[Stored entries]

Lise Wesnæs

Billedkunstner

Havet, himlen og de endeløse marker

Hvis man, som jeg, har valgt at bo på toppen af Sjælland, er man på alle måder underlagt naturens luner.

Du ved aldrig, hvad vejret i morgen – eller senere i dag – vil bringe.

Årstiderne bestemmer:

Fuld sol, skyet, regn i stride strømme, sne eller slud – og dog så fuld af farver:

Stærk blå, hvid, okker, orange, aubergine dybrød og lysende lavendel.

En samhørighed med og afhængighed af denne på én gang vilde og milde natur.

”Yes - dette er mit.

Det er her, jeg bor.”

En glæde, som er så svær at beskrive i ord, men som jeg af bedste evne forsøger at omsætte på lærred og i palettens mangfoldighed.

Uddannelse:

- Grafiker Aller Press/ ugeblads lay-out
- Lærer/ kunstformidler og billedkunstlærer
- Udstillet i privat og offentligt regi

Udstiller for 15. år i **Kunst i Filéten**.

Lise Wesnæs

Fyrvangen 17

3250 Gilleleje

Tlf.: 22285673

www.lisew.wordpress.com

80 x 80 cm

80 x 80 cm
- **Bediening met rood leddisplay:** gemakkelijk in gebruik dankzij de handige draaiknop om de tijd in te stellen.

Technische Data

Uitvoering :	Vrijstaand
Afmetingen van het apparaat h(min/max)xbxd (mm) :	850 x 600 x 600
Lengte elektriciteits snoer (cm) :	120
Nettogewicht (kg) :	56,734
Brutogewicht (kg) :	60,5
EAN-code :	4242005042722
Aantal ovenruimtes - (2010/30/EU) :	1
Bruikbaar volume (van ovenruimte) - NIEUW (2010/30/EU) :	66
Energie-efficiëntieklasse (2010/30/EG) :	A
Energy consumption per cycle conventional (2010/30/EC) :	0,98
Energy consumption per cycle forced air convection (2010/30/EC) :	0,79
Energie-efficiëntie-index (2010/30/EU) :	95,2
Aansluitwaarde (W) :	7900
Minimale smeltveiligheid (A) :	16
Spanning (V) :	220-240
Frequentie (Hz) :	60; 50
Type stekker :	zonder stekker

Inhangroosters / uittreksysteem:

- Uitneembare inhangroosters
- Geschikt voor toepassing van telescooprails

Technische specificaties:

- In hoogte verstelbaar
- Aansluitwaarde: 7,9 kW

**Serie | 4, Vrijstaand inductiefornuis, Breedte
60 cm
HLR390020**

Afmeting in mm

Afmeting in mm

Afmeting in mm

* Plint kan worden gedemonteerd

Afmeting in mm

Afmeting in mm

WORK REQUEST:
All of the entries need to be reproduced exactly; please write them out.

FINISHED TASK:
Lise Wesnæs

Billedkunstner

Havet, himlen og de endeløse marker

Hvis man, som jeg, har valgt at bo på toppen af Sjælland, er man på alle måder underlagt naturens luner.

Du ved aldrig, hvad vejret i morgen – eller senere i dag – vil bringe.

Årstiderne bestemmer:

Fuld sol, skyet, regn i stride strømme, sne eller slud – og dog så fuld af farver:

Stærk blå, hvid, okker, orange, aubergine dybrød og lysende lavendel.

En samhørighed med og afhængighed af denne på én gang vilde og milde natur.

”Yes - dette er mit.

Det er her, jeg bor.”

En glæde, som er så svær at beskrive i ord, men som jeg af bedste evne forsøger at omsætte på lærred og i palettens mangfoldighed.

Uddannelse:

- Grafiker Aller Press/ ugeblads lay-out
- Lærer/ kunstformidler og billedkunstlærer
- Udstillet i privat og offentligt regi

Udstiller for 15. år i **Kunst i Filéten**.

Lise Wesnæs

Fyrvangen 17

3250 Gilleleje

Tlf.: 22285673

www.lisew.wordpress.com

80 x 80 cm

80 x 80 cm
- **Bediening met rood leddisplay:** gemakkelijk in gebruik dankzij de handige draaiknop om de tijd in te stellen.

Technische Data

Uitvoering :	Vrijstaand
Afmetingen van het apparaat h(min/max)xbxd (mm) :	850 x 600 x 600
Lengte elektriciteits snoer (cm) :	120
Nettogewicht (kg) :	56,734
Brutogewicht (kg) :	60,5
EAN-code :	4242005042722
Aantal ovenruimtes - (2010/30/EU) :	1
Bruikbaar volume (van ovenruimte) - NIEUW (2010/30/EU) :	66
Energie-efficiëntieklasse (2010/30/EG) :	A
Energy consumption per cycle conventional (2010/30/EC) :	0,98
Energy consumption per cycle forced air convection (2010/30/EC) :	0,79
Energie-efficiëntie-index (2010/30/EU) :	95,2
Aansluitwaarde (W) :	7900
Minimale smeltveiligheid (A) :	16
Spanning (V) :	220-240
Frequentie (Hz) :	60; 50
Type stekker :	zonder stekker

Inhangroosters / uittreksysteem:

- Uitneembare inhangroosters
- Geschikt voor toepassing van telescooprails

Technische specificaties:

- In hoogte verstelbaar
- Aansluitwaarde: 7,9 kW

**Serie | 4, Vrijstaand inductiefornuis, Breedte
60 cm
HLR390020**

Afmeting in mm

Afmeting in mm

Afmeting in mm

* Plint kan worden gedemonteerd

Afmeting in mm

Afmeting in mm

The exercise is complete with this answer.